▶ [EXERCISE MATERIAL]:
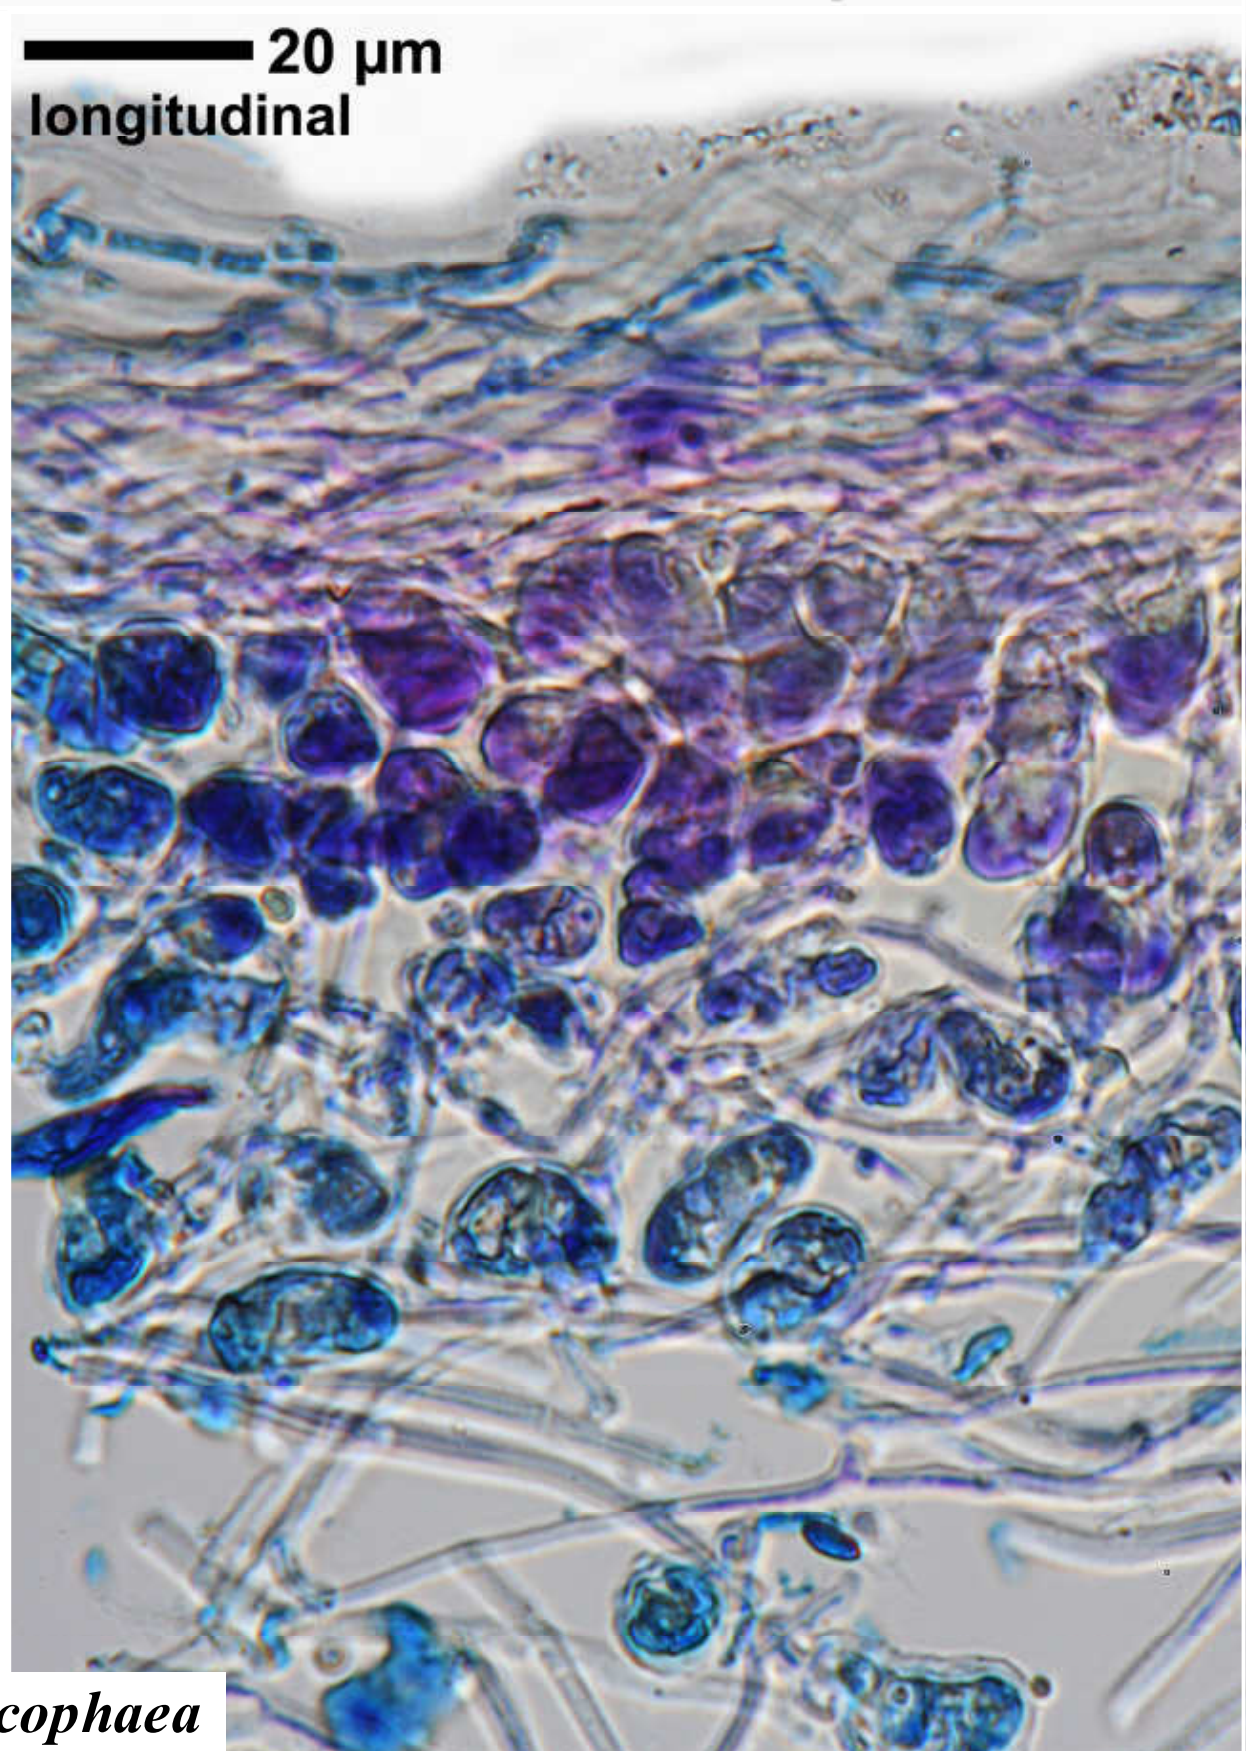

*Dendrographa leucophaea* (Tuck.) Darb. (1895)

Mexico, Baja California, between Laguna Manuela and Punta Santo Domingo, southern Vizcaino Region of the Sonoran Desert (*Fouquieria diguetii*, *Jatropha*, *Yucca valida*, etc), 0-50 m, post-batholithic basalt and sand, 28°14' N, 114°06' W, on shrub. Leg. A. & M. Aptroot 7. Jan. 1989, det. A. Aptroot 1989. [ABL24641]

*Dendrographa leucophaea*

*Dendrographa leucophaea*

10 μm

*Dendrographa leucophaea*

▶ [YOUR TASK]: Omit the pictures, then output the rest of the listing exactly.

▶ [EXPECTED ANSWER]:
*Dendrographa leucophaea* (Tuck.) Darb. (1895)

Mexico, Baja California, between Laguna Manuela and Punta Santo Domingo, southern Vizcaino Region of the Sonoran Desert (*Fouquieria diguetii*, *Jatropha*, *Yucca valida*, etc), 0-50 m, post-batholithic basalt and sand, 28°14' N, 114°06' W, on shrub. Leg. A. & M. Aptroot 7. Jan. 1989, det. A. Aptroot 1989. [ABL24641]

*Dendrographa leucophaea*

*Dendrographa leucophaea*

10 μm

*Dendrographa leucophaea*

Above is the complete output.